## The task
Without including any picture, copy the entries that follow word for word.
(Records supplied)
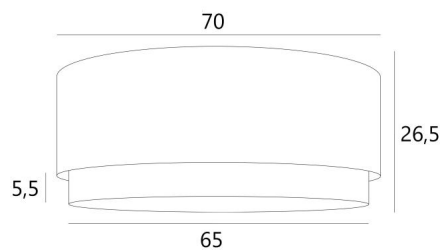

ABAT-JOUR KOUBAN 70

Lampshade KOUBAN 70 in Turda Châtain (fabric from category 3) with a ring in Turda Blond

Abat-jour KOUBAN 70 est un abat-jour rond cylindrique de 70cm de diamètre qui apporte élégance, couleurs et une belle présence dans votre déco. Le choix et l'association de deux matières est un "plus" qui enrichi votre suspension

Pour un **abat-jour KOUBAN 70** vous avez le choix entre deux types d'attaches (E27 ou NOURRICE) en fonction du choix de la suspension qui est installée

Cet abat-jour a été conçu pour être placé en suspension mais il peut également être installé contre le plafond, aux conditions d'utiliser notre plafonnier **KENTIKA CEILING** et de choisir l'abat-jour avec l'attache pour nourrice. Il est équipé d'un diffuseur intégral qui le ferme entièrement dans le bas et nous vous proposons quatre tailles différentes

DIMENSIONS HORS-TOUIT

Ø70 - 65cm H26,5cm Ring : 5,5cm

DONNÉES TECHNIQUES

KOUBAN est un abat-jour qui a dans le bas un "anneau" suspendu en son centre (dans une autre couleur)

En fin de la catégorie **SUSPENSIONS**, nous vous proposons :

ABAT-JOUR : DIMENSIONS & CODE

Ø70 - 65 H26,5cm (1x E27) (code 4607)

Ø70 - 65 H26,5cm (*Nourrice* : 4x E27) (code 4617)

+ *integral diffuser*

Code: 4607 + code tissu

Code: 4617 + code tissu

Nous proposons plus de 150 matériaux/couleurs pour les abat-jour.
(End Records supplied)
## Solution to the exercise
ABAT-JOUR KOUBAN 70

Lampshade KOUBAN 70 in Turda Châtain (fabric from category 3) with a ring in Turda Blond

Abat-jour KOUBAN 70 est un abat-jour rond cylindrique de 70cm de diamètre qui apporte élégance, couleurs et une belle présence dans votre déco. Le choix et l'association de deux matières est un "plus" qui enrichi votre suspension

Pour un **abat-jour KOUBAN 70** vous avez le choix entre deux types d'attaches (E27 ou NOURRICE) en fonction du choix de la suspension qui est installée

Cet abat-jour a été conçu pour être placé en suspension mais il peut également être installé contre le plafond, aux conditions d'utiliser notre plafonnier **KENTIKA CEILING** et de choisir l'abat-jour avec l'attache pour nourrice. Il est équipé d'un diffuseur intégral qui le ferme entièrement dans le bas et nous vous proposons quatre tailles différentes

DIMENSIONS HORS-TOUIT

Ø70 - 65cm H26,5cm Ring : 5,5cm

DONNÉES TECHNIQUES

KOUBAN est un abat-jour qui a dans le bas un "anneau" suspendu en son centre (dans une autre couleur)

En fin de la catégorie **SUSPENSIONS**, nous vous proposons :

ABAT-JOUR : DIMENSIONS & CODE

Ø70 - 65 H26,5cm (1x E27) (code 4607)

Ø70 - 65 H26,5cm (*Nourrice* : 4x E27) (code 4617)

+ *integral diffuser*

Code: 4607 + code tissu

Code: 4617 + code tissu

Nous proposons plus de 150 matériaux/couleurs pour les abat-jour.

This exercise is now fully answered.